● What to produce
Write out exactly the lines from the one containing "- Minisemi controller" through the last line of the records below, both included, and leave out any pictures.

● Data supplied
□ □ □ □

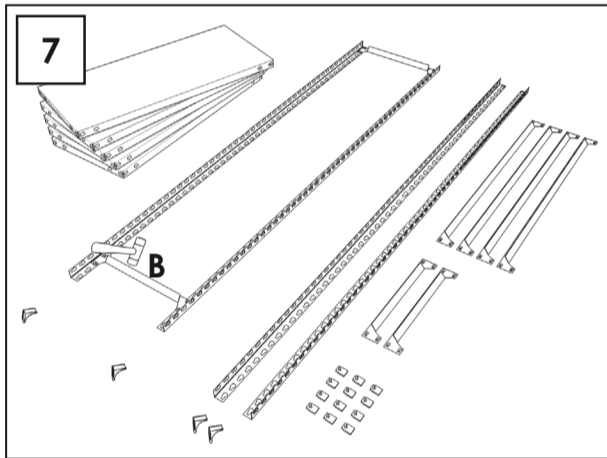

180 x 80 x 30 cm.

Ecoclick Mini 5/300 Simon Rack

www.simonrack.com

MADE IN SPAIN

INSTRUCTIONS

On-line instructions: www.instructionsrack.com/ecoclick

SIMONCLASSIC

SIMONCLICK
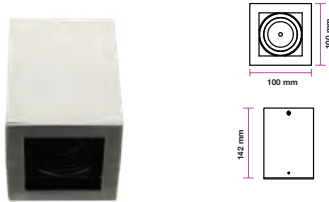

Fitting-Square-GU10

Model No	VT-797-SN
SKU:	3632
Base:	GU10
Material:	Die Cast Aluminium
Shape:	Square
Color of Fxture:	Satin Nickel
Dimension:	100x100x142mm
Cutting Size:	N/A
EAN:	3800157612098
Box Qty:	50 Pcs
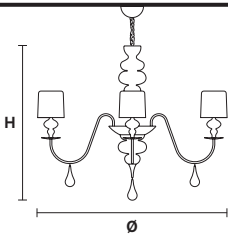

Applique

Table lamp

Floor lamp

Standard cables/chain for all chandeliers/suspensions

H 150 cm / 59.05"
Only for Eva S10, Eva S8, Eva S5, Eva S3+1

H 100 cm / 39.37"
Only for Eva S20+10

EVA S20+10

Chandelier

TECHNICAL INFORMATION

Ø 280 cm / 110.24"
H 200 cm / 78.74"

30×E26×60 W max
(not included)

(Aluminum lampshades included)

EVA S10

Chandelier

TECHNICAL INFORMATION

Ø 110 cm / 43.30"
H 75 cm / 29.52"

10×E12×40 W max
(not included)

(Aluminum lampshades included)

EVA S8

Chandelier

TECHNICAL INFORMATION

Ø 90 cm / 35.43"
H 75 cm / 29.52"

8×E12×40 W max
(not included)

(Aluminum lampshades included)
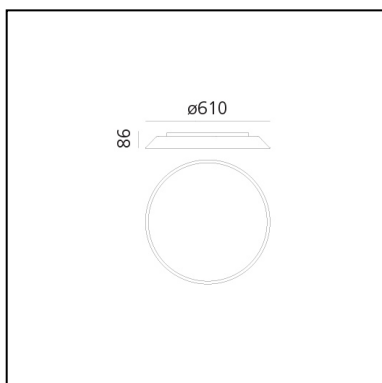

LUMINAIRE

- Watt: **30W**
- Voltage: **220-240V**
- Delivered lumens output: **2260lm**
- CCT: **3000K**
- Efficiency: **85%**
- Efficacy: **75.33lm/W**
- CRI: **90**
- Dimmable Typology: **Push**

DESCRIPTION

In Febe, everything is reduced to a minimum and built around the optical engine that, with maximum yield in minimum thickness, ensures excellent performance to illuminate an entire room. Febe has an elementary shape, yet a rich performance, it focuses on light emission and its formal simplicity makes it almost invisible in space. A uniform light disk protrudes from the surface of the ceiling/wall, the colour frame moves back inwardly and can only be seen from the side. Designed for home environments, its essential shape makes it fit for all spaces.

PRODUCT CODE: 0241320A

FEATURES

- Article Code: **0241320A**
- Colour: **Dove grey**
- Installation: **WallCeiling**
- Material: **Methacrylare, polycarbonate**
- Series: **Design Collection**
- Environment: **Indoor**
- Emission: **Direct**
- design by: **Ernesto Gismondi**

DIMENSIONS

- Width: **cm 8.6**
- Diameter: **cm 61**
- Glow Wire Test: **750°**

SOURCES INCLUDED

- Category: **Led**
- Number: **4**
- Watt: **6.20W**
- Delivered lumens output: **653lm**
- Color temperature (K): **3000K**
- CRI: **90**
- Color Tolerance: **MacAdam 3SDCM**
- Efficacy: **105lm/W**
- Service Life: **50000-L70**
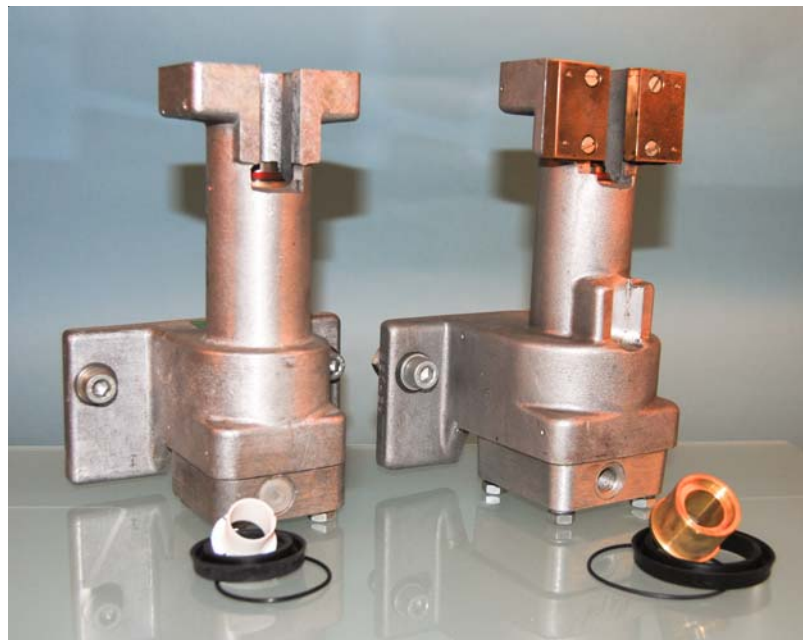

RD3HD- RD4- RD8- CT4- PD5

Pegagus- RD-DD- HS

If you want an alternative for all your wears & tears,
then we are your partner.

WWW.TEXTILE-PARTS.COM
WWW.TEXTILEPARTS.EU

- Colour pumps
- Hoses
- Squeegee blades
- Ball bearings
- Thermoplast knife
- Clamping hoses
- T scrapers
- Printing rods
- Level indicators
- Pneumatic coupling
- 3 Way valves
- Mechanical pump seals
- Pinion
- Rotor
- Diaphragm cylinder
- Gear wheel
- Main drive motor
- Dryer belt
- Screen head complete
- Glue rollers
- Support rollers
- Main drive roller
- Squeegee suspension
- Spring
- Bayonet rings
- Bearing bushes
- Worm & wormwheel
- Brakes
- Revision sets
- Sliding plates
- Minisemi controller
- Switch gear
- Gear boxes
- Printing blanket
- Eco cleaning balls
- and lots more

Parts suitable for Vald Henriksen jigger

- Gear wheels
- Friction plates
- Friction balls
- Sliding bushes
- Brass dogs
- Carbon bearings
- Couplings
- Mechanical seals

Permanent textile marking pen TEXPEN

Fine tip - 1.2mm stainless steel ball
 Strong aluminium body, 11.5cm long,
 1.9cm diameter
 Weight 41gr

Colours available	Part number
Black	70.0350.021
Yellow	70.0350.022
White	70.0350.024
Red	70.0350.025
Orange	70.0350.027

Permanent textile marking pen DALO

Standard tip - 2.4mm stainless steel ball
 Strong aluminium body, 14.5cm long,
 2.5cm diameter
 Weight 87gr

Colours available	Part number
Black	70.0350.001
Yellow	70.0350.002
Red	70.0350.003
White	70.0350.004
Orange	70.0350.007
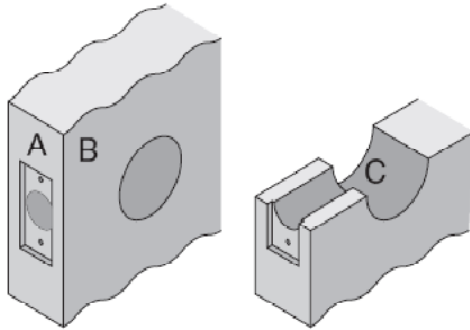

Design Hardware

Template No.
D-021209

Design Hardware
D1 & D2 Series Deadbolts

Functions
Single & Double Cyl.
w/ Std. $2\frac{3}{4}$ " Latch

□ □ □ □

● Result
- Minisemi controller
- Switch gear
- Gear boxes
- Printing blanket
- Eco cleaning balls
- and lots more

Parts suitable for Vald Henriksen jigger

- Gear wheels
- Friction plates
- Friction balls
- Sliding bushes
- Brass dogs
- Carbon bearings
- Couplings
- Mechanical seals

Permanent textile marking pen TEXPEN

Fine tip - 1.2mm stainless steel ball
 Strong aluminium body, 11.5cm long,
 1.9cm diameter
 Weight 41gr

Colours available	Part number
Black	70.0350.021
Yellow	70.0350.022
White	70.0350.024
Red	70.0350.025
Orange	70.0350.027

Permanent textile marking pen DALO

Standard tip - 2.4mm stainless steel ball
 Strong aluminium body, 14.5cm long,
 2.5cm diameter
 Weight 87gr

Colours available	Part number
Black	70.0350.001
Yellow	70.0350.002
Red	70.0350.003
White	70.0350.004
Orange	70.0350.007

Design Hardware

Template No.
D-021209

Design Hardware
D1 & D2 Series Deadbolts

Functions
Single & Double Cyl.
w/ Std. $2\frac{3}{4}$ " Latch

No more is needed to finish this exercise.